Task details — Across the records below, how many lines contain the string "Algoma"? Give the number by itself.

Data to examine —

-*-*-

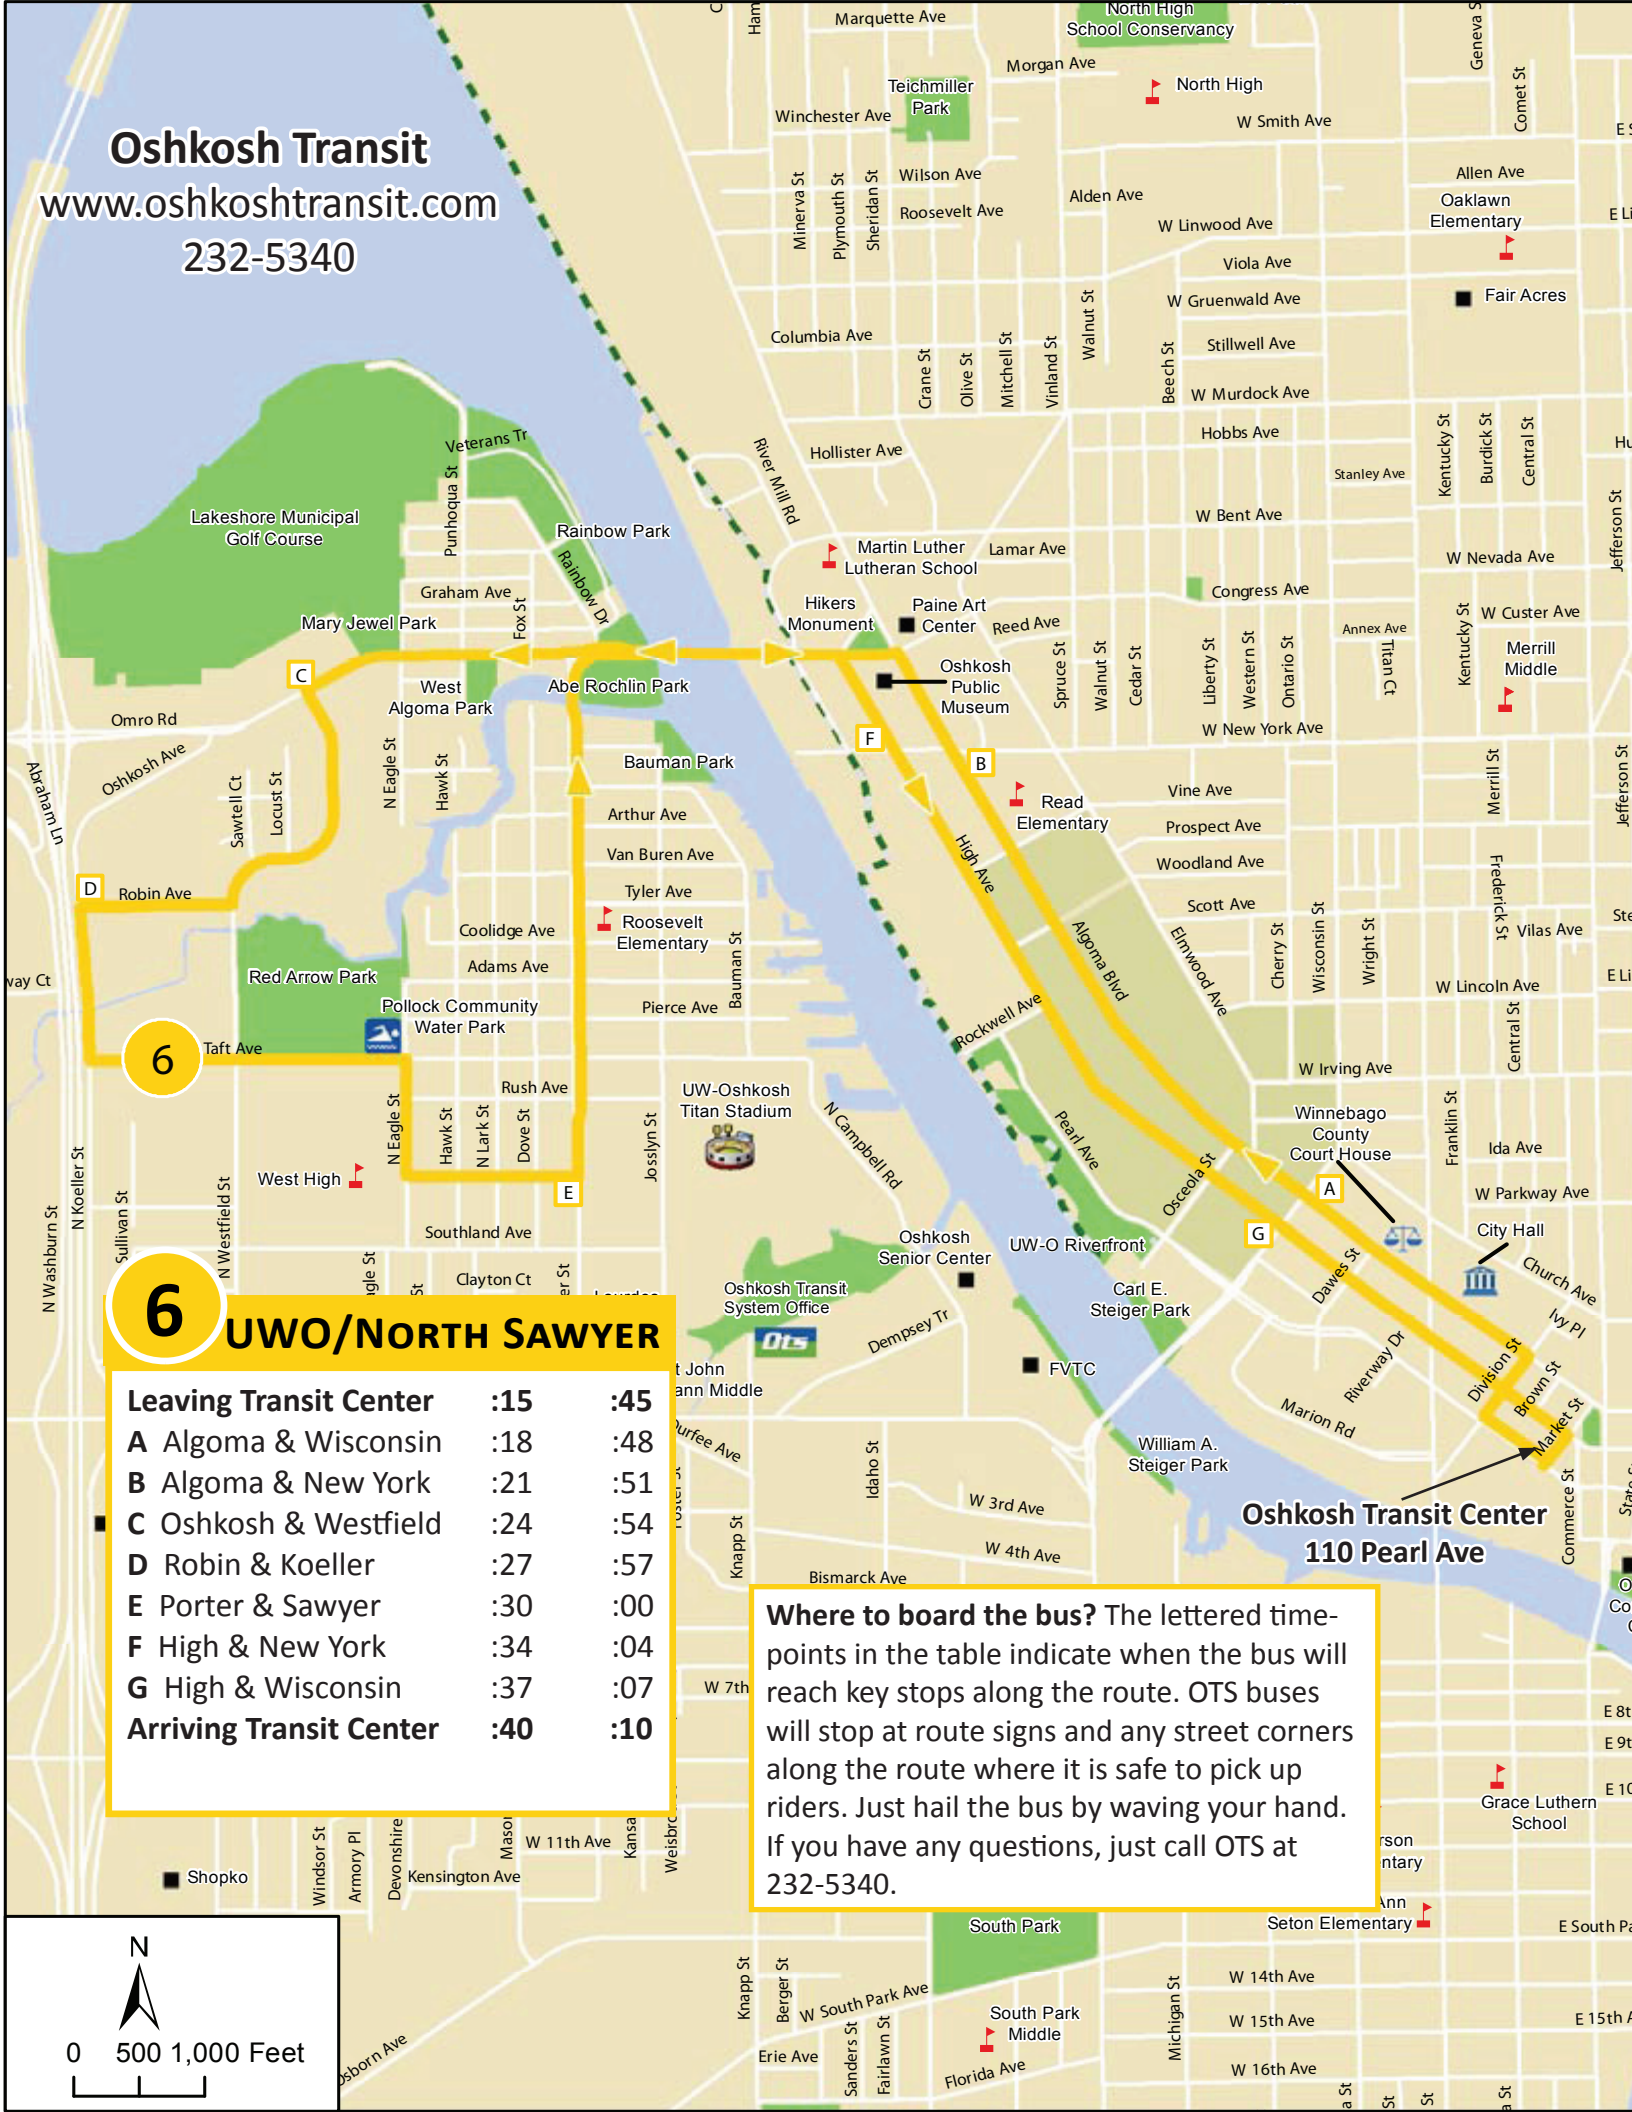

**Oshkosh Transit**  
[www.oshkoshtransit.com](http://www.oshkoshtransit.com)  
 232-5340

**6 UWO/NORTH SAWYER**

<b>Leaving Transit Center</b>	<b>:15</b>	<b>:45</b>
<b>A Algoma &amp; Wisconsin</b>	<b>:18</b>	<b>:48</b>
<b>B Algoma &amp; New York</b>	<b>:21</b>	<b>:51</b>
<b>C Oshkosh &amp; Westfield</b>	<b>:24</b>	<b>:54</b>
<b>D Robin &amp; Koeller</b>	<b>:27</b>	<b>:57</b>
<b>E Porter &amp; Sawyer</b>	<b>:30</b>	<b>:00</b>
<b>F High &amp; New York</b>	<b>:34</b>	<b>:04</b>
<b>G High &amp; Wisconsin</b>	<b>:37</b>	<b>:07</b>
<b>Arriving Transit Center</b>	<b>:40</b>	<b>:10</b>

**Where to board the bus?** The lettered time-points in the table indicate when the bus will reach key stops along the route. OTS buses will stop at route signs and any street corners along the route where it is safe to pick up riders. Just hail the bus by waving your hand. If you have any questions, just call OTS at 232-5340.
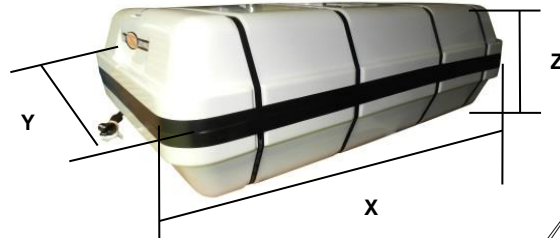

10 MAN THROW OVER BOARD LIFERAFT XTREM – LOW PROFILE CONTAINER SOLAS A & B PACK

10 MAN	A PACK			B PACK		
Container	N139H			N139		
Dimensions	X: 940 mm	Y: 640 mm	Z: 364 mm	X: 940 mm	Y: 640 mm	Z: 314 mm
	X: 3' 1,01"	Y: 2' 1,2"	Z: 1' 2,34"	X: 3' 1,01"	Y: 2' 1,2"	Z: 1' 0,37"
Liferaft Net Weight	85 kg / 188 pounds			60 kg / 133 pounds		
Max. height stowage	18 m / 60'			18 m / 60'		
Painter line length	30 m / 99'					
Inflation Cylinder	1 x 6,7 liter					
 Crate	X: 960 mm	Y: 690 mm	Z: 350 mm	X: 960 mm	Y: 690 mm	Z: 350 mm
	X: 3' 1,8"	Y: 2' 3,17"	Z: 1' 1,78"	X: 3' 1,8"	Y: 2' 3,17"	Z: 1' 1,78"
	89 kg / 197 pounds			64 kg / 142 pounds		
	0,232 m ³ / 8,19 cubic foot			0,232 m ³ / 8,19 cubic foot		
Towing force	2 knots			3 knots		
Without sea anchor	45 daN			75 daN		
With sea anchor	90 daN			160 daN		

Approvals: EC (MED) – USCG – TC – BV – CCS

10 TO XTREM 20022017 KLT.doc Issue: 10 20/02/2017

Dimensions and weight +/- 5%
SURVITEC SAS reserves the right to change specification without notice.
For installation, add minimum +10mm for clearance to dimensions of the container.
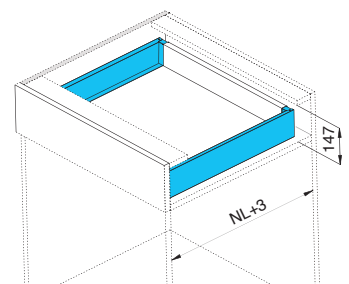

**Various choice
for your preference”**

H box - 84mm height

Drawer H84; Soft-close/Push-open

- Slim wall
- Soft-close/Push-open
- Full extension
- 84 mm drawer height
- ±2mm up & down adjustment;
- ±1.5mm left & right adjustment
- Length from 270-550mm
- Cycles with loading 40kg is 100,000
- Loading capacity is 40 KG

Components	NL	Soft-close		Push-open		Package
		White	Grey	White	Grey	
	270	H1301-270W	H1301-270G	H1301-270PW	H1301-270PG	6 sets
	300	H1301-300W	H1301-300G	H1301-300PW	H1301-300PG	6 sets
	350	H1301-350W	H1301-350G	H1301-350PW	H1301-350PG	6 sets
	400	H1301-400W	H1301-400G	H1301-400PW	H1301-400PG	6 sets
	450	H1301-450W	H1301-450G	H1301-450PW	H1301-450PG	6 sets
	500	H1301-500W	H1301-500G	H1301-500PW	H1301-500PG	6 sets
	550	H1301-550W	H1301-550G	H1301-550PW	H1301-550PG	6 sets

* One set included one pair of slides, sides, rear brackets, front brackets and cover caps

H box - 116mm height

Drawer H116; Soft-close/Push-open

- Slim wall
- Soft-close/Push-open
- Full extension
- 116 mm drawer height
- ±2mm up & down adjustment;
- ±1.5mm left & right adjustment
- Length from 270-550mm
- Cycles with loading 40kg is 100,000
- Loading capacity is 40 KG
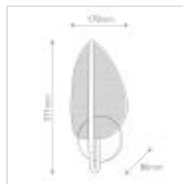

**QN-FLORIANA-1W-NBR****Floriana 1 Leaf LED Wall Light - Natural Brass****DETAILS**

<b>BRAND</b>	Alora
<b>FAMILY</b>	Floriana
<b>SUITABLE LOCATION</b>	Interior
<b>GUARANTEE</b>	Standard 2 Year Guarantee
<b>FINISH</b>	Natural Brass
<b>FITTING HEIGHT</b>	371mm
<b>WIDTH</b>	178mm
<b>PROJECTION/DEPTH</b>	86mm
<b>POWER SOURCE</b>	Mains Voltage
<b>VOLTAGE</b>	220-240v 50hz
<b>MAXIMUM WATTAGE</b>	9W
<b>SOCKET</b>	LED
<b>INTEGRATED LED</b>	Yes
<b>LED LUMENS</b>	280LM
<b>LED COLOUR TEMP</b>	2918K
<b>CLASS</b>	Class I
<b>BUILD MATERIALS</b>	Brass, Steel, Clear Acrylic Light Guide Panel
<b>HOURS</b>	50,000 Hours
<b>DIMMABLE FITTING</b>	Dimmable
<b>PRODUCT WEIGHT</b>	0.85kg
<b>BOX DIMENSIONS</b>	50 X 25 X 18cm
<b>BOX WEIGHT</b>	1.44 Kg
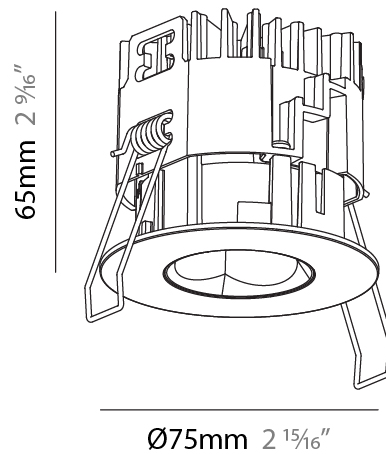

PHYSICAL

Aperture Sizes - Downlights: 1"
Shape: Round
Diameter (mm): 75
Diameter (in): 2 ¹⁵/₁₆
Height (mm): 65
Height (in): 2 ⁹/₁₆
Ceiling Thickness (mm): 1 - 25
Ceiling Thickness (in): 1/16 - 1 3/16
Min. Recessing Depth (mm): 70
Min. Recessing Depth (in): 2 ³/₄
Diffuser: Lens Pack - Spread Lens / Linear Spread Lens / Honeycomb Louver
Fixture Finish: SSR / BKV / CWI / CRY / HAB / UFT / ITA / RUA / FTG / MYG / LOD / PUS / FRO / FUP / KIA / POP / BLS / SPG / MEY / GOH / CHC / COM / ABZ / JAG / OBR / MOS / ROR
Fixture Material: Aluminum Die Cast
Cut-out Measurements: 68mm / 2 11/16" Diameter

ELECTRICAL

Lamp Type: LED (Zhaga Standard)
Input Wattage (W): 16
Total Output Wattage (W): 14.6
Dimming: Tri-Mode (Non-Dimming and Phase Dimming (120Vac only) and 0-10V Dimming)
Driver Included: No
Driver Location: Recessed Housing
Driver Type: Constant Current - Universal
Driver Class: Class 2
Housing: See Components
Input Voltage (V): 120 - 277
Constant Current (MA): 350

LED

Color Temperature (°K): 2700 / 3000 / 3500 / 4000
Max. Delivered Lumen (lm): 1067 / 1150 / 1217 / 1220
Nominal Lumen (lm): 1393 / 1501 / 1589 / 1592
CRI: >90 CRI
Lamp Life (hrs): 50000

OPTICAL

Reflector°: 14
Adjustability: Fixed

RATINGS AND CERTIFICATIONS

Certified By: Certified for North American Standards
IP rating: IP44
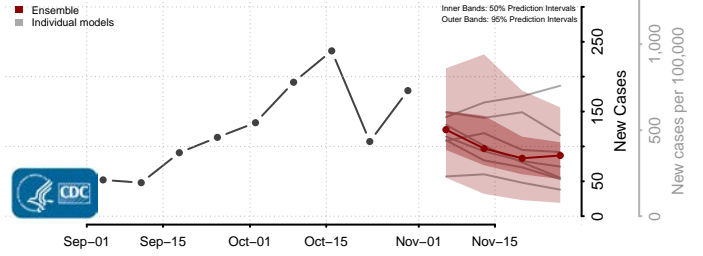

Todd County, Minnesota
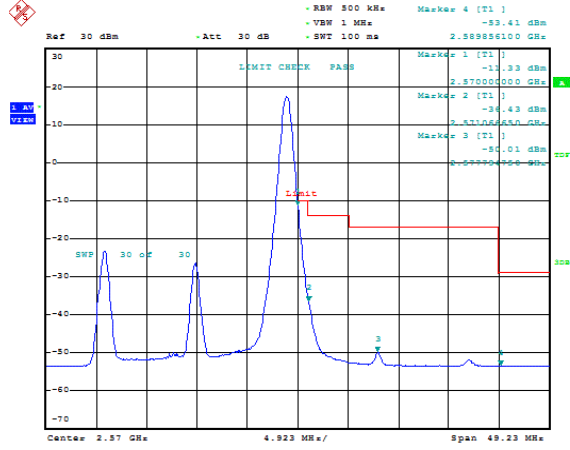

Date: 19.NOV.2020 10:36:33

Band7-20MHz-16QAM-20850-100RB#0

Date: 19.NOV.2020 10:36:57

Band7-20MHz-16QAM-21350-1RB#0

Date: 19.NOV.2020 10:37:29

Band7-20MHz-16QAM-21350-1RB#99

Date: 19.NOV.2020 10:37:52

Band7-20MHz-16QAM-21350-100RB#0
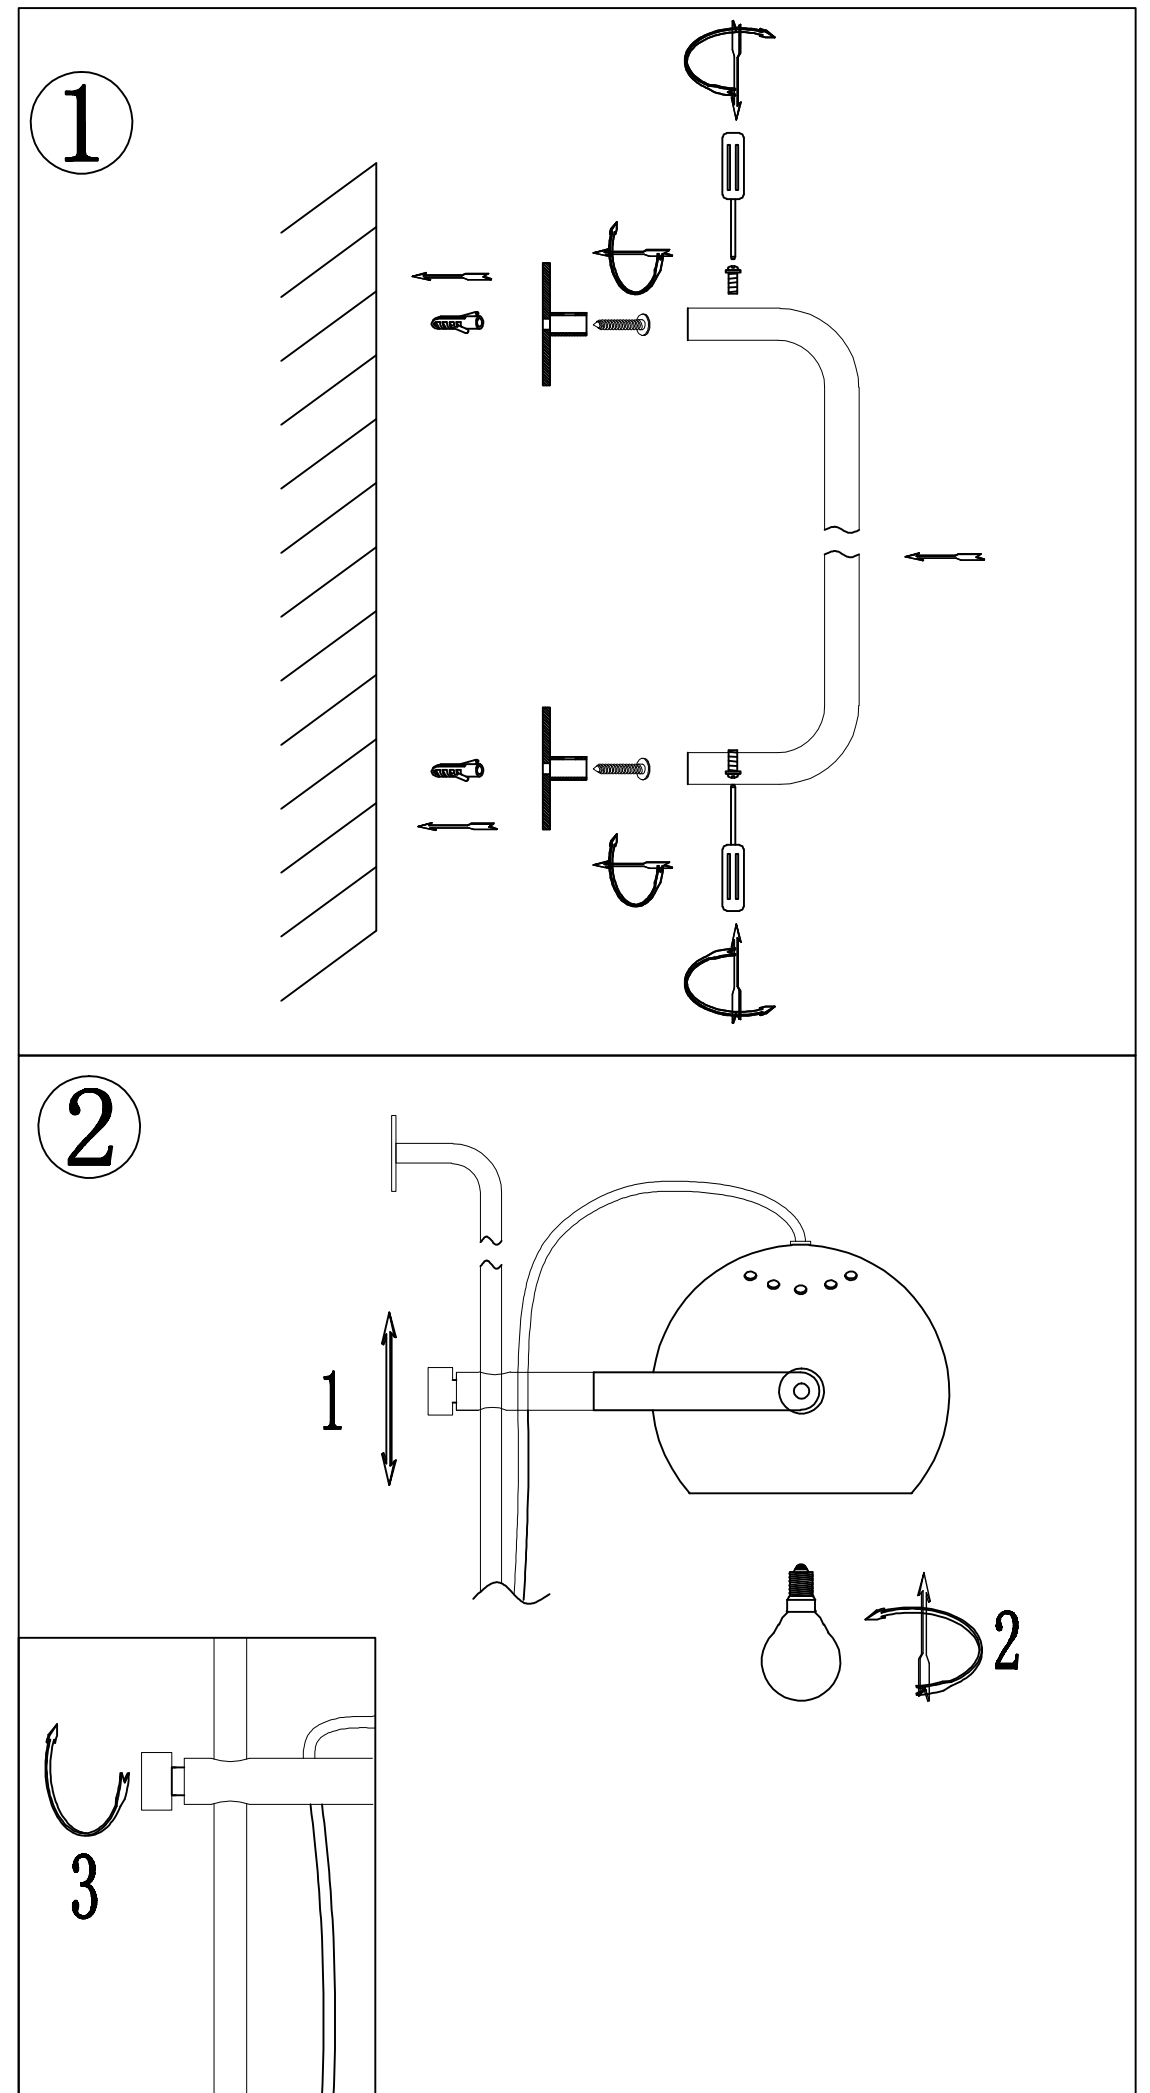

INSTRUCTION MANUAL

Model: D.C væglampe \varnothing 18cm

halo
design

COPENHAGEN

INSTRUCTION MANUAL

1 Follow the instruction sketch.

2 Make sure power is OFF on the outlet, before beginning the installation.

3 Insert the light bulb.

4 Go through point 1 to 2 before connecting the lamp to the power.

230V .E27 . MAX 40W

-*-*-

Response — 2